Thursday night’s World Cup in São Paulo between Croatia and Brazil will not go down in the tournament’s history as one of the better opening matches. But to tens of thousands of jubilant locals, the only thing that mattered wasn’t the fortuitous way in which they wrapped-up the three points — it was the score after 90 minutes.
In truth, the 3-1 score-line truly flattered the hosts. For large parts of the game, Brazil was lackluster, lacking creativity, with very little predatory instinct before goal. As the national anthems were being played before kick off, the Brazilians were recognizably more emotional than their Croatian counterparts; had nerves and the sheer expectations of the tournament gotten to the hosts?
Having fallen behind in the 11th minute after Marcelo’s own-goal, the only side looking to score was Croatia. Despite flashes of skill going forward from Neymar and Oscar, the usually robust Brazilian defense was sloppy, with Barcelona’s Daniel Alves particularly culpable. Nikica Jelavić, who plays for Hull City in England, probably should have scored a header after out-jumping Alves. Defender Vedran Ćorluka also game close in the second half, while Yuichi Nishimura, the Japanese referee, missed Alves’ taking down veteran forward Ivica Olić as he ran through on goal. Olić might also feel unlucky that his challenge on Brazilian goalkeeper Júlio César was penalized, in an era when referees are being a little less protective of the man between the sticks.
And yet, despite looking out of sorts, the Brazilians equalized in the 29th minute as Neymar’s scuffed shot (or perfectly placed effort) slowly evaded the hapless Stipe Pletikosa into the net. But it was the manner in which the Brazilians went ahead that truly infuriated the Croats.’

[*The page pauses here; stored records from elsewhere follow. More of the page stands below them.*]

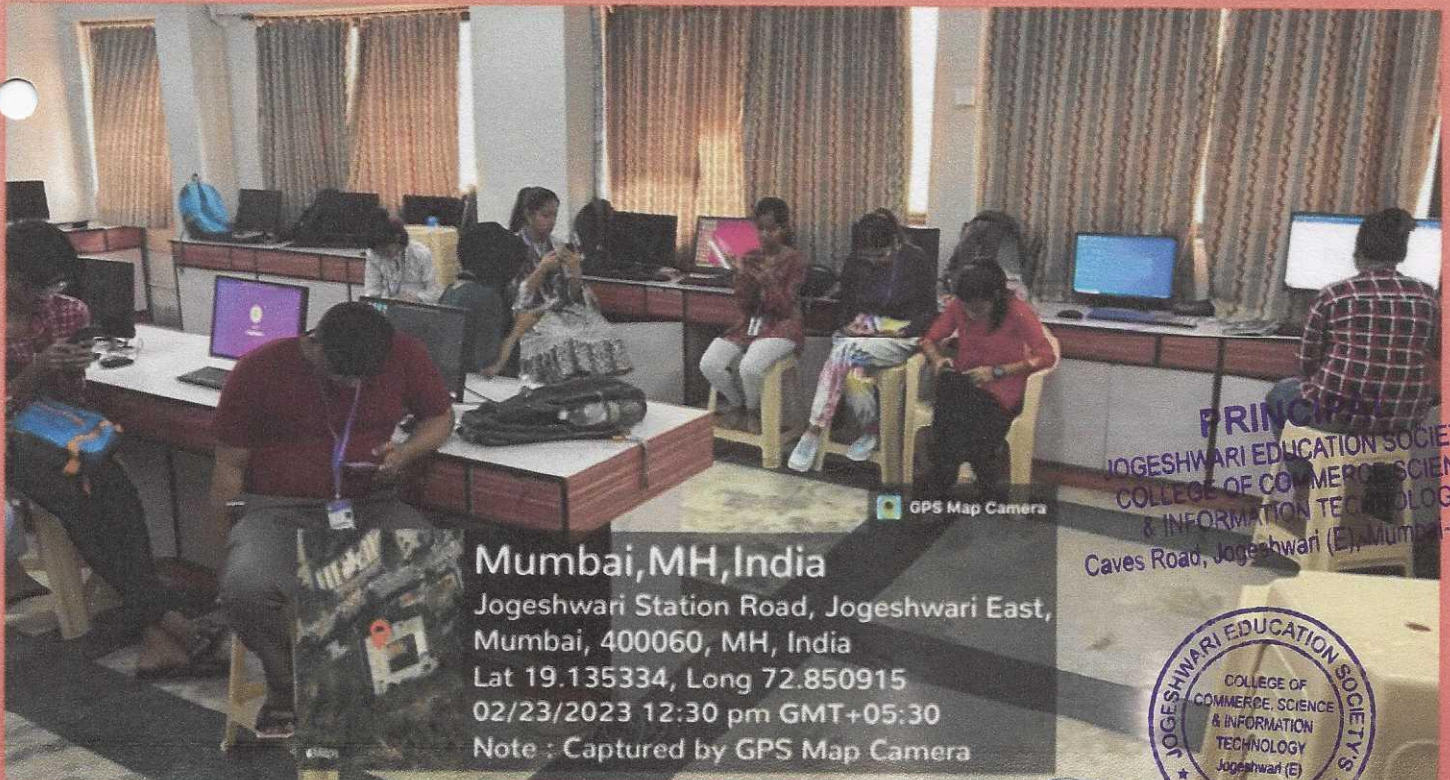

Mumbai, MH, India
Jogeshwari Station Road, Jogeshwari East, Mumbai, 400060, MH, India
Lat 19.135334, Long 72.850915
02/23/2023 12:30 pm GMT+05:30
Note : Captured by GPS Map Camera

PRINCIPAL
JOGESHWARI EDUCATION SOCIETY'S
COLLEGE OF COMMERCE SCIENCE
& INFORMATION TECHNOLOGY
Caves Road, Jogeshwari (E), Mumbai-400 060
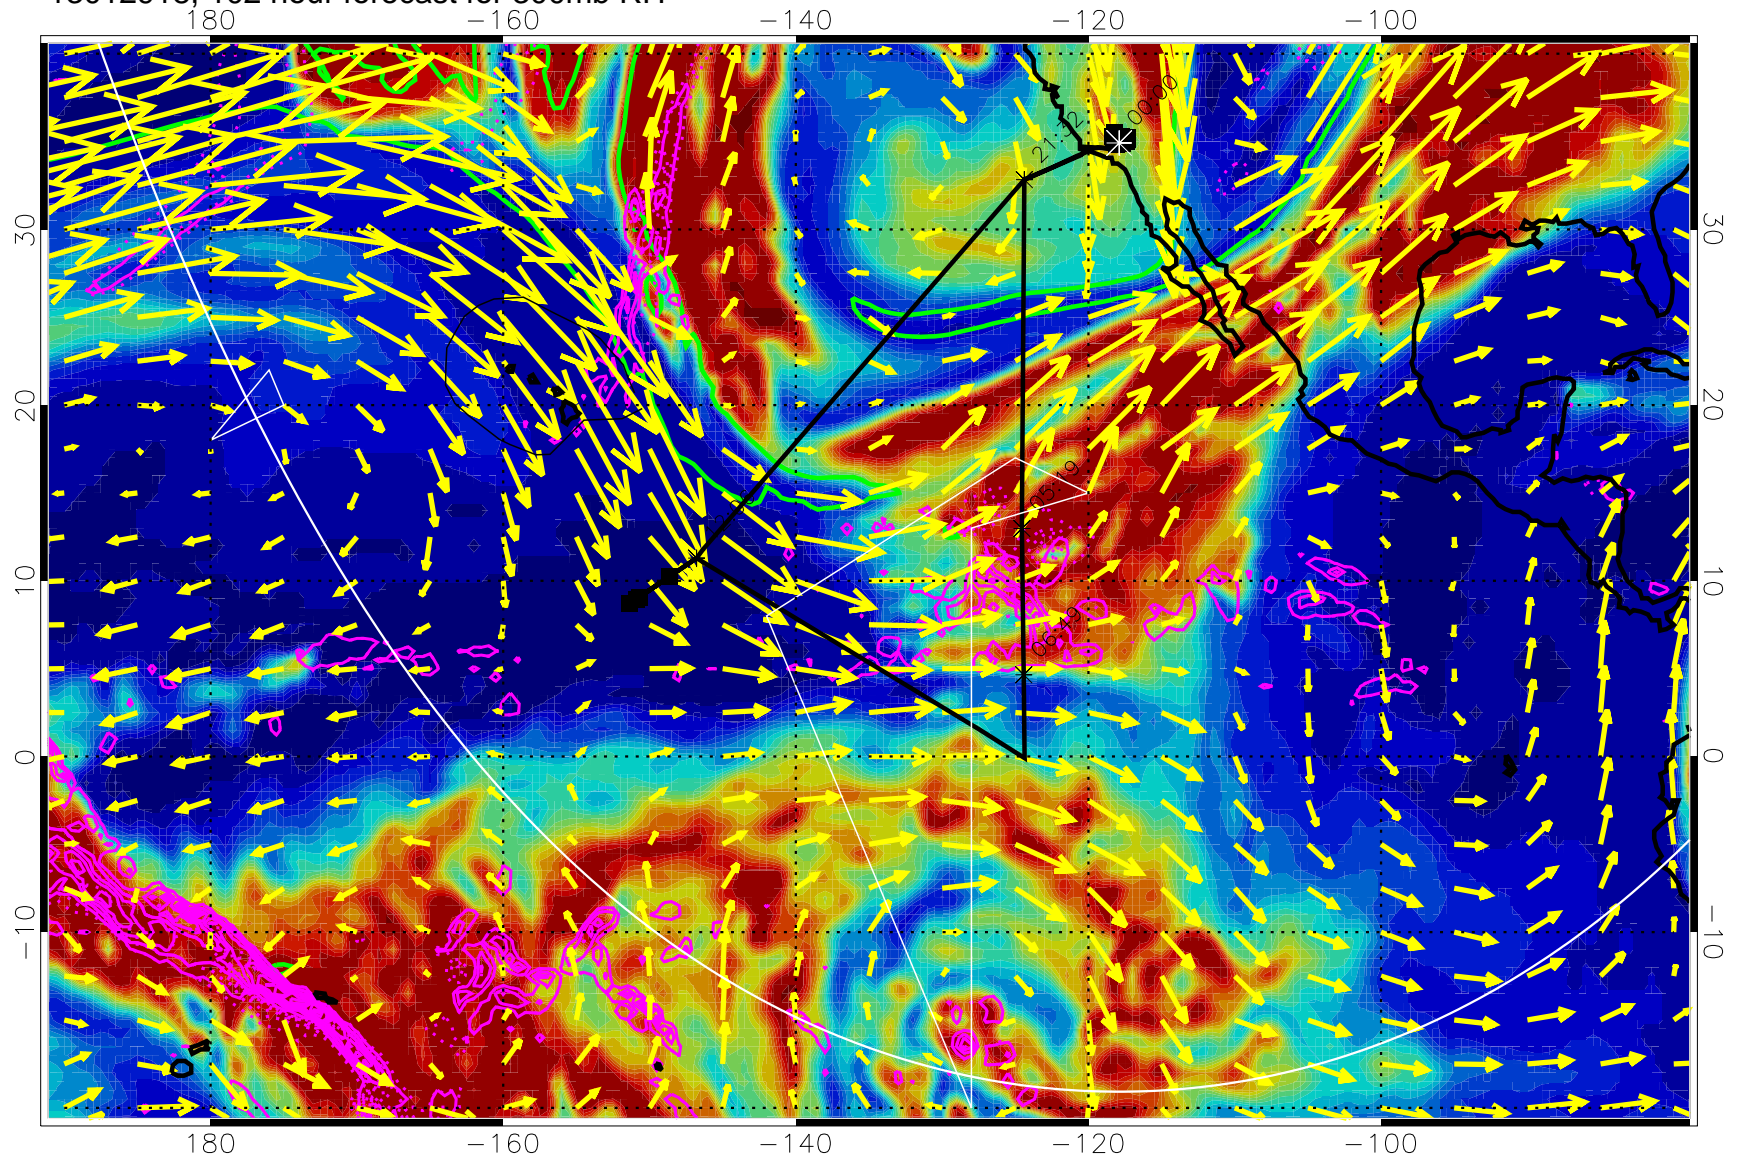

13012912, 96 hour forecast for 300mb RH

Precip (tot dot, conv sol) past 6 hrs 6 kg/m2 contours, min 4

EPV Tropopause (2 PVU) Position

→ 50 m/s

Range ring of 6000 km -- 19 hours GH round trip

13012918, 102 hour forecast for 300mb RH

Precip (tot dot, conv sol) past 6 hrs 6 kg/m2 contours, min 4

EPV Tropopause (2 PVU) Position

→ 50 m/s

Range ring of 6000 km -- 19 hours GH round trip

13013000, 108 hour forecast for 300mb RH

Precip (tot dot, conv sol) past 6 hrs 6 kg/m2 contours, min 4

EPV Tropopause (2 PVU) Position

→ 50 m/s

Range ring of 6000 km -- 19 hours GH round trip

13013006, 114 hour forecast for 300mb RH

180 -160 -140 -120 -100

Precip (tot dot, conv sol) past 6 hrs 6 kg/m2 contours, min 4

EPV Tropopause (2 PVU) Position

→ 50 m/s

Range ring of 6000 km -- 19 hours GH round trip

13013012, 120 hour forecast for 300mb RH

Precip (tot dot, conv sol) past 6 hrs 6 kg/m2 contours, min 4

EPV Tropopause (2 PVU) Position
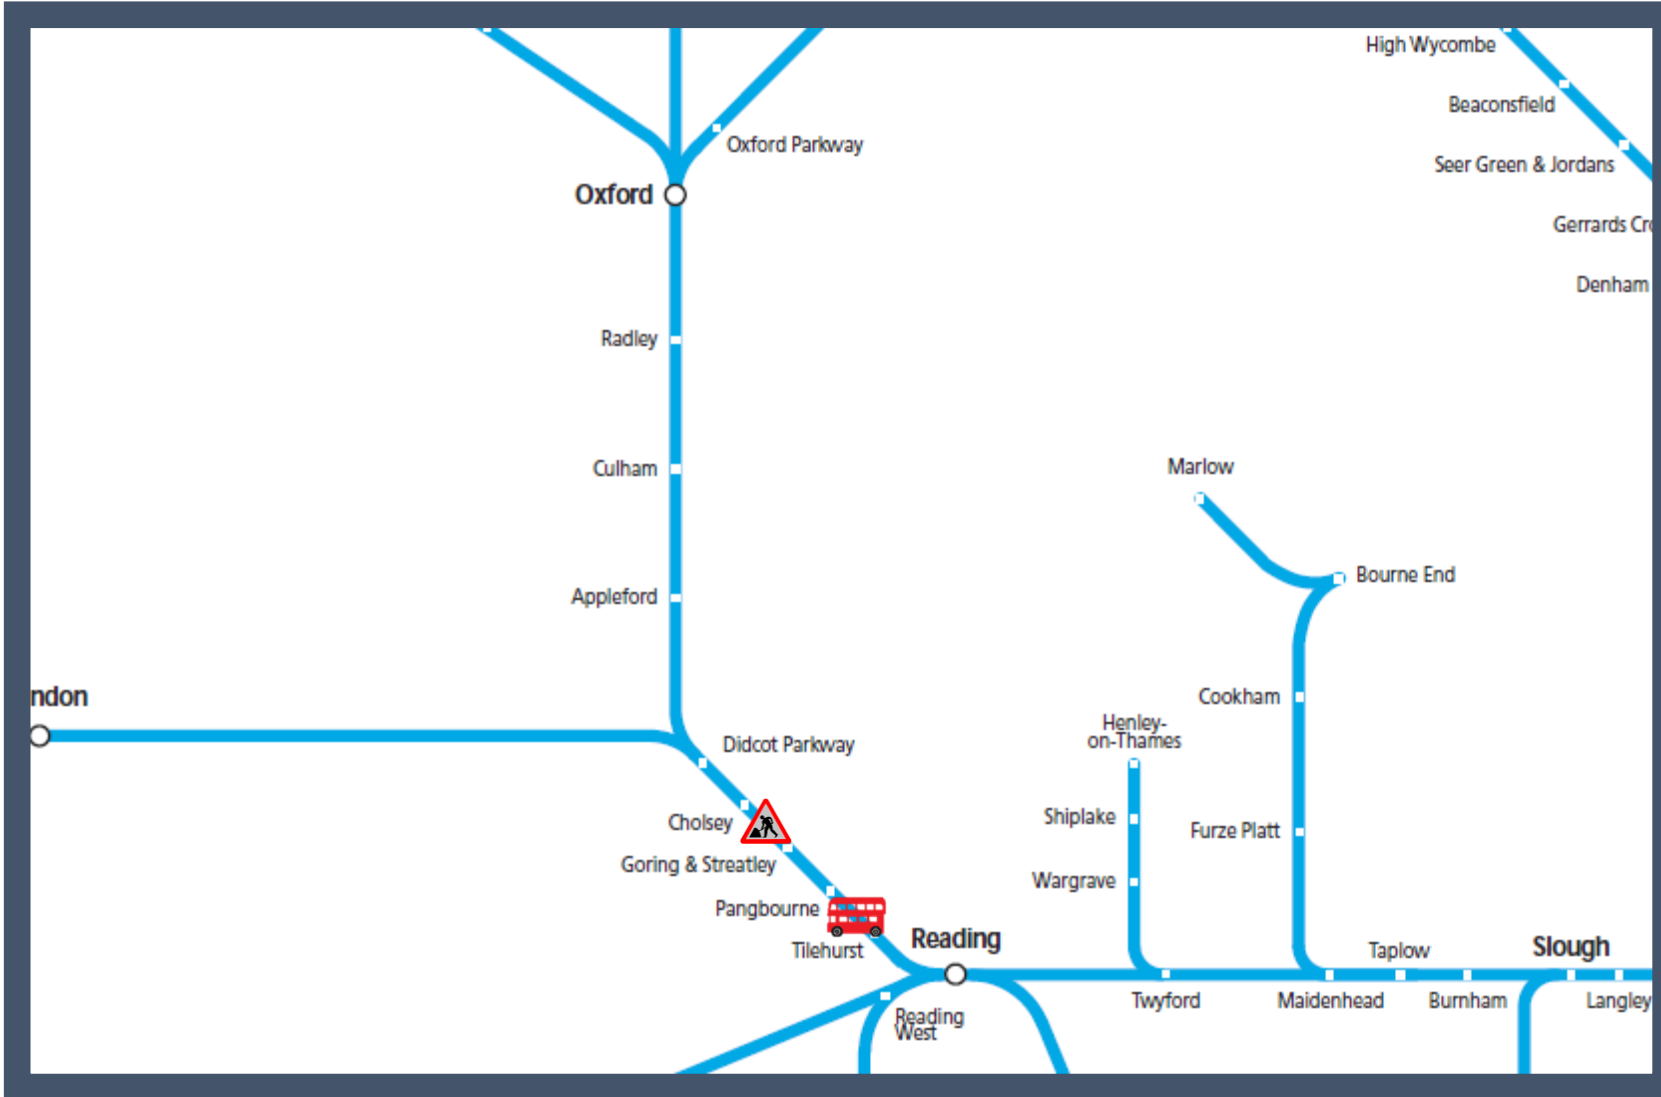

No trains at Pangbourne from 21:30 on Saturday 19 and all day Sunday 20 May
 TOC affected: Great Western Railway

| Key: | |
|---|--------------------------|
|  | Engineering Works |
|  | Bus Replacement Services |

As both teams wrestled for the ball in the box, it fell to Brazilian forward Fred, who threw himself to the ground after coming under pressure from Southampton’s Dejan Lovren. To the amazement of billions at home (and the 11 Croats on the field), Nishimura pointed to the spot, leaving Neymar to step up and grab Brazil’s (and his) second of the night. In truth, it was an effort that Pletikosa should have kept out. But it was also a penalty that should never have been awarded in the first place.
As the game went on, the Croats endeavored to find that equalizer that they so richly deserved. Chances came and went, with the superb Luka Modric dictating the play with the almost equally impressive Ivan Perišić and Ivan Rakitić always in the thick of the action. But as the Croats went forward in numbers, they were punished at the death by Chelsea’s midfielder Oscar, who toe-poked a cute finish beyond Pletikosa — an effort that the veteran goalkeeper surely feels he should have done better on.
Although he might want to take a look at his team’s failure to add to their lead, Croatia’s Coach Niko Kovac was right to feel aggrieved, claiming that the referee was out of his depth. If Nishimura’s performance met FIFA’s standard, he added, the Croats might as well go home.
His dismissive remarks about the referee are unlikely to go unnoticed by FIFA officials, but one might say the same of Nishimura’s performance. FIFA is renowned for taking a very hard line against underperforming officials — especially when their decisions are so consequential to a game’s outcome.
At 3-1, the result was harsh on the Croats and really didn’t reflect fairly on what was a disappointing performance from the hosts. The points mattered, but they were bailed out by a shocking decision. So much for the beautiful game. The sea of yellow and green celebrated long into the night, but their World Cup rivals would also have watched with some intrigue. This Brazilian side will certainly gel a little better as the tournament progresses, but like a great deal of the tournament’s infrastructure, they are the unfinished article.